**TASK**: As you reproduce every line below, keep it exactly as written and leave out the images.

Dataset items:

____

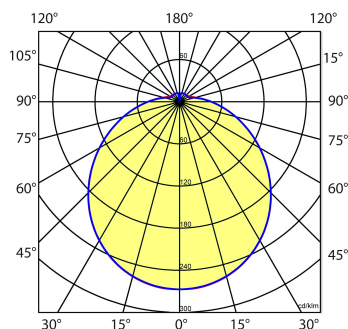

Lichtdiagram

Technische specificaties

Artikelklasse	Plafond-/wandarmatuur
Serie	CRB-N LED
Geschikt voor inbouwmontage	Nee
Geschikt voor opbouwmontage	Ja
Geschikt voor plafondmontage	Ja
Geschikt voor pendelophanging	Nee
Geschikt voor lichtlijnconfiguratie	Nee
Soort verlichtingsarmatuur	Armatuur met kap
Lamptype	LED niet uitwisselbaar
Kleurtemperatuur (K)	4000 tot 4000
Met lichtbron	Ja
Aantal Norton Led Module(s)	2
Geschikt voor aantal lichtbronnen	2
Lamphouder	Overig
Nom. levensduur L80/B10 bij 25 °C (h)	50000
Max. systeemvermogen (W)	18
Effectieve lichtstroom volgens IEC 62722-2-1 (lm)	2200
Lichtstroom 2 (lm)	250
Specifieke lichtstroom armatuur (lm/W)	122
Vermogensfactor	0.9
Lichtkleur	Wit
Kleurweergave-index	80-89
Kleur consistentie (McAdam ellips)	SDCM3
CRI >	80
Geschikt voor wandmontage	Ja
Nom. omgevingstemperatuur volgens IEC62722-2-1 (°C)	10 tot 30
Hoogte/diepte (mm)	150
Buitendiameter (mm)	492
Beschermingsgraad (IP)	IP40
Beschermingsgraad (NEMA)	3
Slagvastheid	IK02
Balvaste uitvoering	Nee
Beschermingsklasse volgens IEC 61140	I
Materiaal behuizing	Staal
Kleur behuizing	Wit
Materiaal afdekking	Kunststof opaal
Bevestigingsset	Nee
Raster geperforeerd	Nee

____

**EXERCISE RESULT**:
Lichtdiagram

Technische specificaties

Artikelklasse	Plafond-/wandarmatuur
Serie	CRB-N LED
Geschikt voor inbouwmontage	Nee
Geschikt voor opbouwmontage	Ja
Geschikt voor plafondmontage	Ja
Geschikt voor pendelophanging	Nee
Geschikt voor lichtlijnconfiguratie	Nee
Soort verlichtingsarmatuur	Armatuur met kap
Lamptype	LED niet uitwisselbaar
Kleurtemperatuur (K)	4000 tot 4000
Met lichtbron	Ja
Aantal Norton Led Module(s)	2
Geschikt voor aantal lichtbronnen	2
Lamphouder	Overig
Nom. levensduur L80/B10 bij 25 °C (h)	50000
Max. systeemvermogen (W)	18
Effectieve lichtstroom volgens IEC 62722-2-1 (lm)	2200
Lichtstroom 2 (lm)	250
Specifieke lichtstroom armatuur (lm/W)	122
Vermogensfactor	0.9
Lichtkleur	Wit
Kleurweergave-index	80-89
Kleur consistentie (McAdam ellips)	SDCM3
CRI >	80
Geschikt voor wandmontage	Ja
Nom. omgevingstemperatuur volgens IEC62722-2-1 (°C)	10 tot 30
Hoogte/diepte (mm)	150
Buitendiameter (mm)	492
Beschermingsgraad (IP)	IP40
Beschermingsgraad (NEMA)	3
Slagvastheid	IK02
Balvaste uitvoering	Nee
Beschermingsklasse volgens IEC 61140	I
Materiaal behuizing	Staal
Kleur behuizing	Wit
Materiaal afdekking	Kunststof opaal
Bevestigingsset	Nee
Raster geperforeerd	Nee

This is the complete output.